Work required
Among the entries below, copy only the span from the line containing "Date: 12_AUG.2021 12:42:45" through the line containing "FarmWorth, LLC makes". Do so exactly, and skip the pictures.

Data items
*** Begin section ***

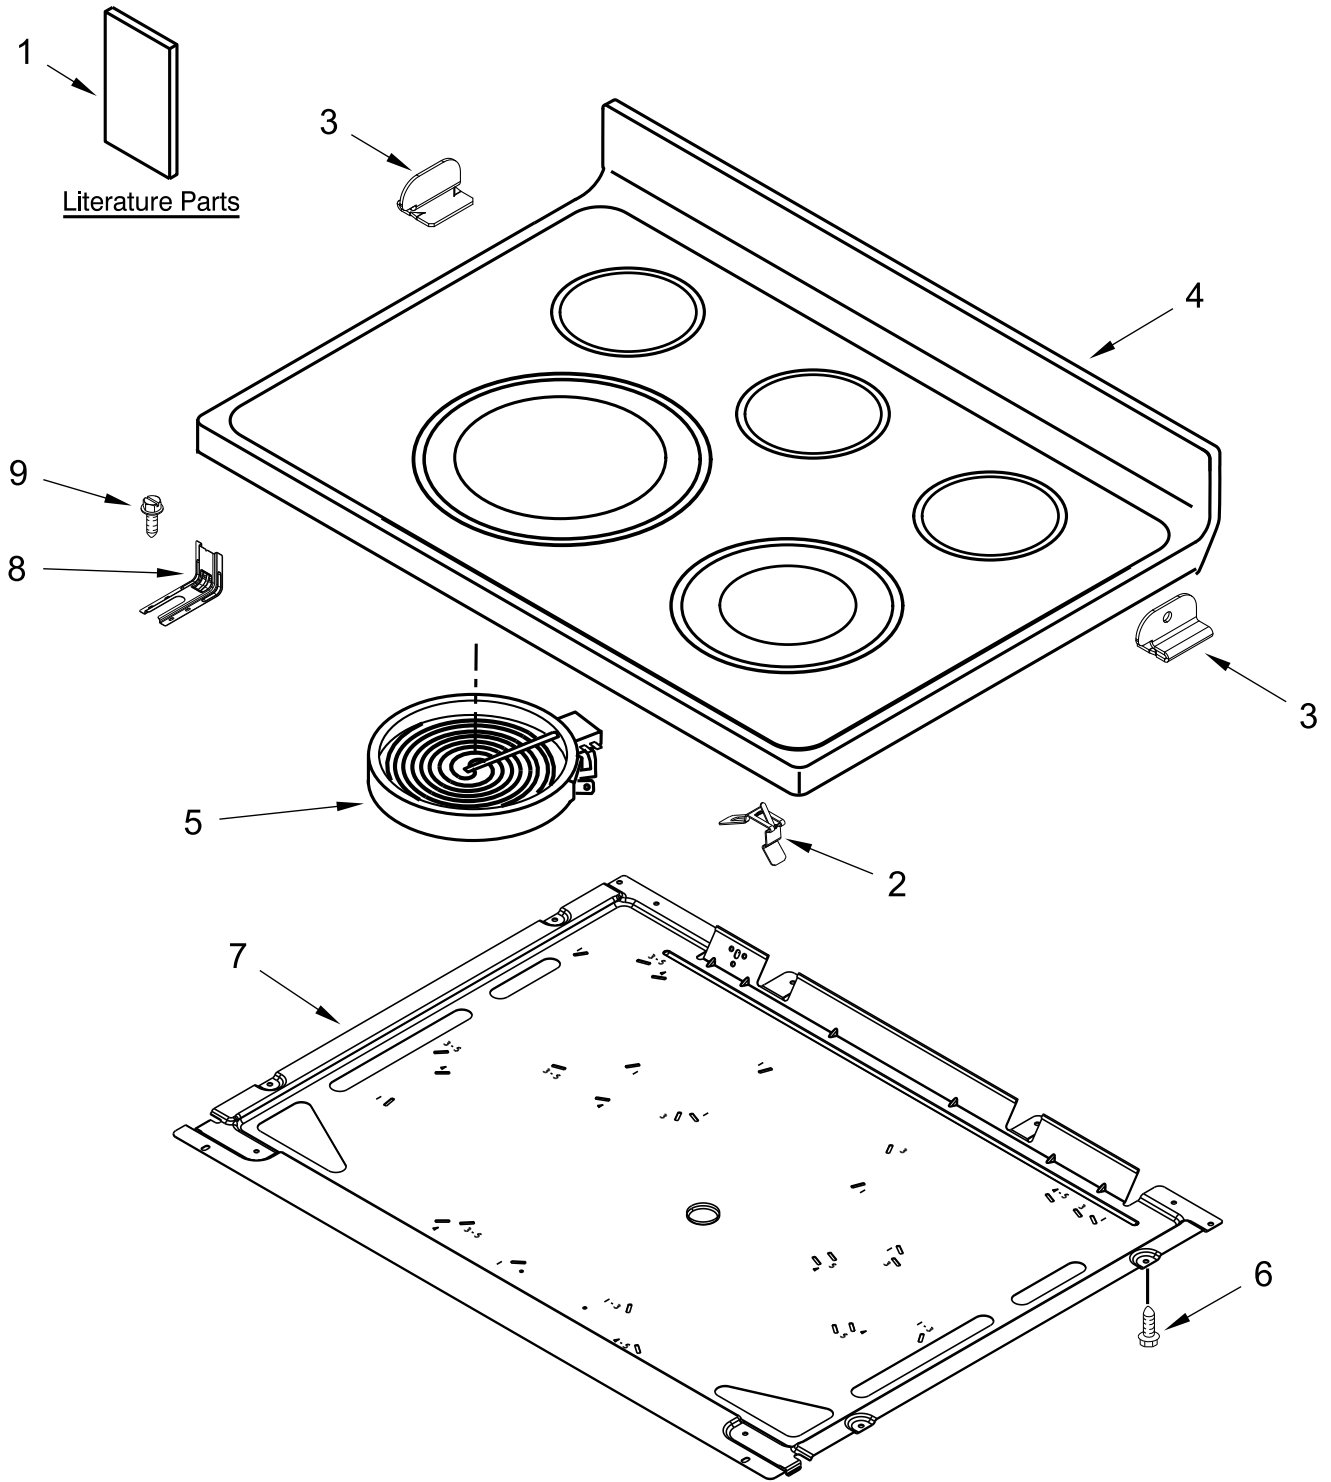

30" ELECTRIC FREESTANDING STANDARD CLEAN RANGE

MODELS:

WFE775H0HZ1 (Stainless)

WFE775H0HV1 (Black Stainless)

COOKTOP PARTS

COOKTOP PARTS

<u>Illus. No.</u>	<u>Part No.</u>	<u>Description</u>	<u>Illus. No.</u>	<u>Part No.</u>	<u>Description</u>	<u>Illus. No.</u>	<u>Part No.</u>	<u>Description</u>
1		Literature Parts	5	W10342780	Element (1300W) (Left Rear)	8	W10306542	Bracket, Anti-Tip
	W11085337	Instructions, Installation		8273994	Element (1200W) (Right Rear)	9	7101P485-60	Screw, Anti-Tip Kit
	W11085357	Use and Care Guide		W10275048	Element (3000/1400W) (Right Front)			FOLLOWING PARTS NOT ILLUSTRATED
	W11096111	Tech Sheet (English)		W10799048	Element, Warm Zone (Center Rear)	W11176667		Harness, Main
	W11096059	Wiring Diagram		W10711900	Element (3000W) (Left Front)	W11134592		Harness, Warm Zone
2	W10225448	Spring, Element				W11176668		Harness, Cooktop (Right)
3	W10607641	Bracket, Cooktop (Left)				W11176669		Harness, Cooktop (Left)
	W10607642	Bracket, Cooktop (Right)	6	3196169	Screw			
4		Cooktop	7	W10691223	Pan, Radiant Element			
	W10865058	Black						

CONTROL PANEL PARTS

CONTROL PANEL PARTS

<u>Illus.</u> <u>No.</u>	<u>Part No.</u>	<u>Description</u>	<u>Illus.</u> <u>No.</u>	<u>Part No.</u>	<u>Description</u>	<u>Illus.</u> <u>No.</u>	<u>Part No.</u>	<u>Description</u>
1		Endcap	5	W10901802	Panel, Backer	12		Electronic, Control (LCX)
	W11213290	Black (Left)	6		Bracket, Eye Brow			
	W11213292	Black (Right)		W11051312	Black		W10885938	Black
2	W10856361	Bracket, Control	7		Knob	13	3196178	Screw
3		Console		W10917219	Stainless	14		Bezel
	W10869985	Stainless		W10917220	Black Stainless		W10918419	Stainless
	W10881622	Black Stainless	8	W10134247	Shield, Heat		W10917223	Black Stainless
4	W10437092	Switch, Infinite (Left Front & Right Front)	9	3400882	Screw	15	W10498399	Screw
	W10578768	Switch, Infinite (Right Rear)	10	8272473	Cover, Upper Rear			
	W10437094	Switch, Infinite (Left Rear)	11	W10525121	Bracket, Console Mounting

*** End section ***
*** Begin section ***

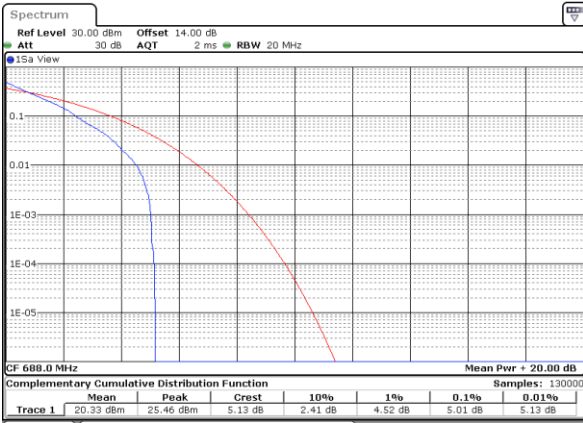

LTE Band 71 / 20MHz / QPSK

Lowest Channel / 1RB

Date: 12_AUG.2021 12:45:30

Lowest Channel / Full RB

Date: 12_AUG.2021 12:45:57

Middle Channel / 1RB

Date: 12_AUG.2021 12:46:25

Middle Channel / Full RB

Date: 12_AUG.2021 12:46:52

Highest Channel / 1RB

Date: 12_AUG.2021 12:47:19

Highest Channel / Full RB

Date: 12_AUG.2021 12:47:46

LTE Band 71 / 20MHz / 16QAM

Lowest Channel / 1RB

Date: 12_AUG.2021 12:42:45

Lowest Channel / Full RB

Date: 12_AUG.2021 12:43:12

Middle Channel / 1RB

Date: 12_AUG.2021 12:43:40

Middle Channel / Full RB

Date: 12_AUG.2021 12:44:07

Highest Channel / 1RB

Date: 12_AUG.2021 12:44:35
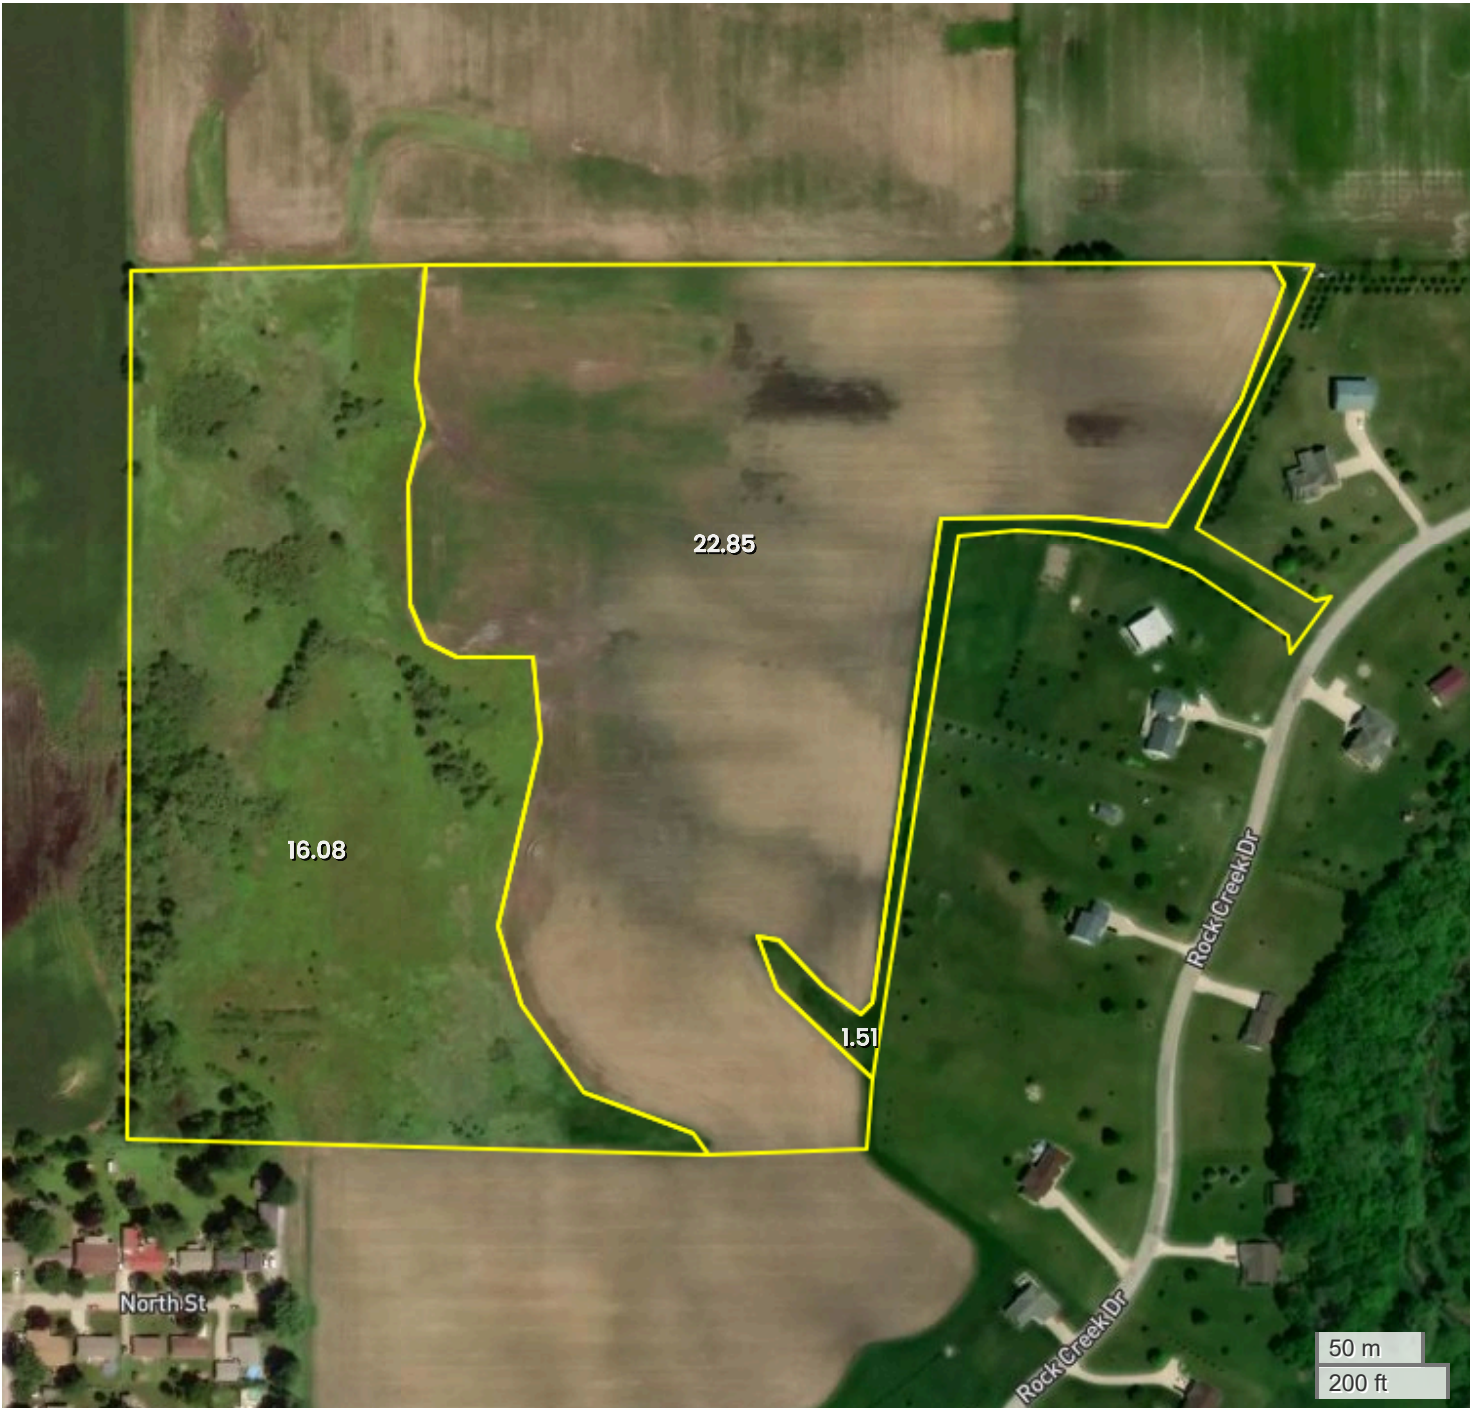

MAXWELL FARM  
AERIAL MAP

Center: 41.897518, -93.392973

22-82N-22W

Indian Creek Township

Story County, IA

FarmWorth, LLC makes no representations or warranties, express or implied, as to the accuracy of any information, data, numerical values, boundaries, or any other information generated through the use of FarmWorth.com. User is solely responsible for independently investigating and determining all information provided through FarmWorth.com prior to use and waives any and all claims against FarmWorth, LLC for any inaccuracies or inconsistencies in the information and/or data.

*** End section ***

Response box
Date: 12_AUG.2021 12:42:45

Lowest Channel / Full RB

Date: 12_AUG.2021 12:43:12

Middle Channel / 1RB

Date: 12_AUG.2021 12:43:40

Middle Channel / Full RB

Date: 12_AUG.2021 12:44:07

Highest Channel / 1RB

Date: 12_AUG.2021 12:44:35

MAXWELL FARM  
AERIAL MAP

Center: 41.897518, -93.392973

22-82N-22W

Indian Creek Township

Story County, IA

FarmWorth, LLC makes no representations or warranties, express or implied, as to the accuracy of any information, data, numerical values, boundaries, or any other information generated through the use of FarmWorth.com. User is solely responsible for independently investigating and determining all information provided through FarmWorth.com prior to use and waives any and all claims against FarmWorth, LLC for any inaccuracies or inconsistencies in the information and/or data.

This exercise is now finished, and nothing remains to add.